Two large botnets that control 150,000 compromised computers are hacking into users' online shopping carts to steal credit card numbers, bank account details, and log-on passwords, a security company said Friday.
The botnets, said Foster City, Calif.-based FaceTime, were discovered, probed, and disclosed to authorities with the help of an insider who tipped off the company's security researchers and showed them the inner workings of the bot underground.
According to Chris Boyd, the security research manager for FaceTime, the bots, or hacked PCs, were accumulated by seeding Trojan horses via instant messaging networks. Recipients naive enough to click on the IMs' embedded link ended up with remote access applications secretly installed on their PCs; the attacker then used that software to install as many as 40 additional pieces of malware.
"They're using the kitchen sink approach times one hundred," said Boyd. Among the installs by the botnet's herder, or controller, Boyd found adware, keyloggers, and much more sophisticated applications.
One, dubbed "Carder," is a customizable Perl script designed to sniff out exploits in several e-commerce shopping cart applications. If Carder identifies a vulnerability, both personal data can be snatched from the individual PC, and database information -- including large numbers of credit card account number, usernames, passwords, home addresses, and the like -- can be hijacked from the e-tailer's back-end systems.
"If you can't trust the payment systems [on e-commerce retailers], you'll think twice about using the Internet," said Boyd.
Part of the problem is that it's impossible to know exactly what shopping cart vulnerabilities are under attack at any given moment since Carder is so customizable. "They're working on the fly, and messing around with the [Perl] code to change the types of data it goes after," said Boyd. "They're always looking for the latest vulnerability, which makes it difficult to tackle."
Boyd was turned on to the botnets by a former hacker, now gone straight, who uses the screen name "RinCe." With RinCe's help, Boyd was able to monitor the botnet operators, get a feel for how they were organized, and understand the pecking order.

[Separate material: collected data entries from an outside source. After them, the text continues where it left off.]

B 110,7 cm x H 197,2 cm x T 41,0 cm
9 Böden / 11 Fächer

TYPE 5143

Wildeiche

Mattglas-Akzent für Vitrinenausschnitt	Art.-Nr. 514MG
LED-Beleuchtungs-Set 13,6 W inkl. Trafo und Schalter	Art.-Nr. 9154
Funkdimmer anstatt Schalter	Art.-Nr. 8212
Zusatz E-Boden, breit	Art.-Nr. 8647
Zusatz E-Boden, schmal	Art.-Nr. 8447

"There's a small percentage pulling the strings," Boyd said as he outlined the botnet hierarchy. "They're trading bot code right and left," he said, "but the people who run these [trading sites] are usually putting their own backdoors in the code they share, so they end up with the data."
It's a very regimented and organized structure, said Boyd, much more so than last year, with new hackers having to prove their worth by offering up code of their own or an unknown vulnerability or even compromised PayPal accounts. One account that Boyd saw displayed by a kowtowing hacker had an $11,000 balance.

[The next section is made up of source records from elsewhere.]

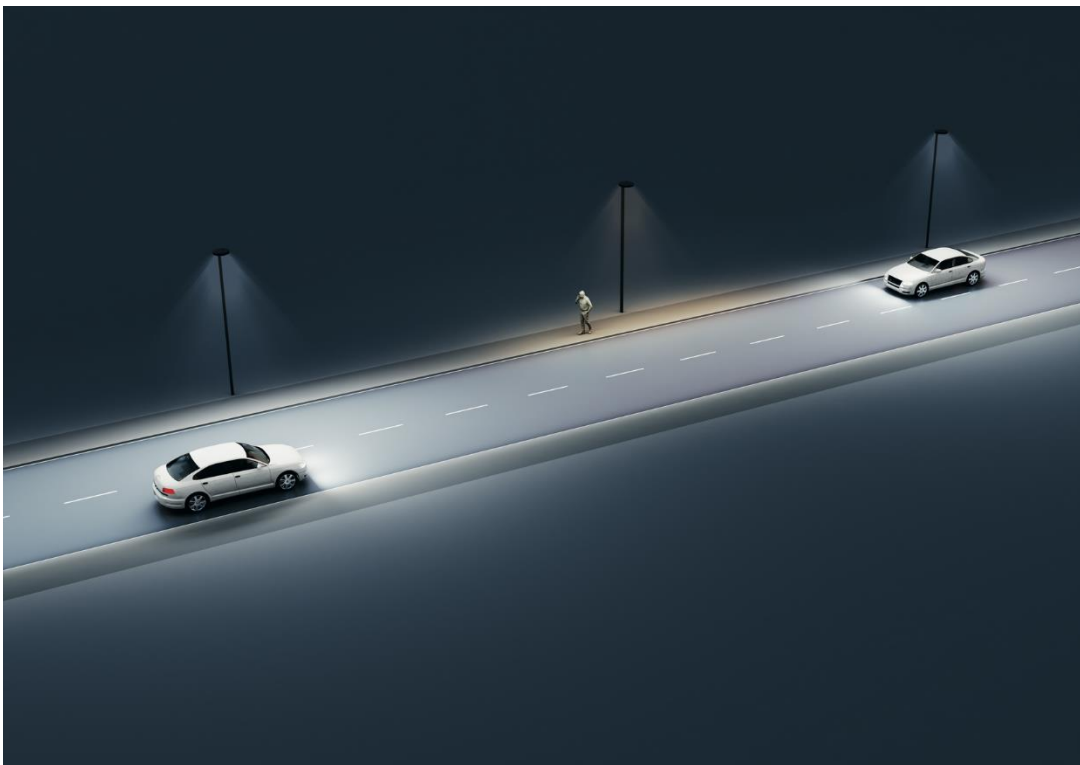

Carat: qualità della luce eccellente

Carat, l'ultimo prodotto entrato a far parte della gamma Thorn, offre la migliore efficienza nella sua categoria, grazie al LED più efficiente sul mercato. Con una durata estremamente lunga, questo prodotto per l'illuminazione urbana non solo è stato progettato, fabbricato e confezionato per avere il minor impatto ambientale possibile, ma ha anche un'eccezionale durata operativa e qualità sostenibili a fine vita. Il design regolabile è disponibile in due dimensioni, con diverse staffe di fissaggio complementari e offre prestazioni di illuminazione non invasiva su strade, aree residenziali, parcheggi e aree trasporti nonché su piste ciclabili.

Corinne Delor, Product Manager per la categoria Aree Residenziali, afferma: "Carat è l'armatura stradale perfetta per i progetti urbani. Abbiamo dedicato del tempo a studiare il design armonioso e garantire così un'estetica e una forma senza tempo. Sappiamo che le città e gli spazi urbani devono essere pronti ad affrontare un futuro più intelligente e sostenibile, per questo Carat è stato progettato per avvalersi delle nostre tecnologie più moderne, Variable Light Distribution e NightTune, così da offrire un prodotto che non è solo accattivante ma anche funzionale e a prova di futuro."

Immagini

(Foto per gentile concessione di Thorn)

L'eleganza del design si accompagna alle prestazioni e alla versatilità del prodotto.

Il design regolabile è disponibile in due dimensioni, con diverse staffe di fissaggio complementari.

Miscelando due fotometrie differenti e due temperature colore in un solo apparecchio, Variable Light Distribution ottimizza il comfort e la sicurezza per ogni utente all'interno di un'area, che si tratti di pedoni, ciclisti o automobilisti.

"The hacking world is one big market place, trading stuff for stuff like the black market," said RinCe in an IM interview with Boyd that was posted to the SpywareGuide Web site. "If you get your hands on something amazing, like a new IE exploit, you’re a god in the hacker world - you could ask for anything, or any price."
The turn toward cashing out by botnet herders is relatively new, said Boyd, and comes on the heels of them reducing their reliance on adware installations for their income. "They've moved away from standard adware installs," said Boyd, "as well as ActiveX kits. ActiveX is too easy to spot." An additional motivator, he said, was the Microsoft's next browser, Internet Explorer 7, will block most ActiveX controls right off the bat. Hackers may be looking ahead, he said, and changing tactics now.
"Frankly, this is such a large scam with so many elements to it, that it’s hard to pin down," Boyd said. "It's so complex with so many money-making elements to it, it's hard to know where to start."
With the informer's help, however, Boyd thinks that there's a better-than-average chance of apprehending these botnet operators.
"This guy was invaluable, and we got some really really good information to pass along to the federal authorities."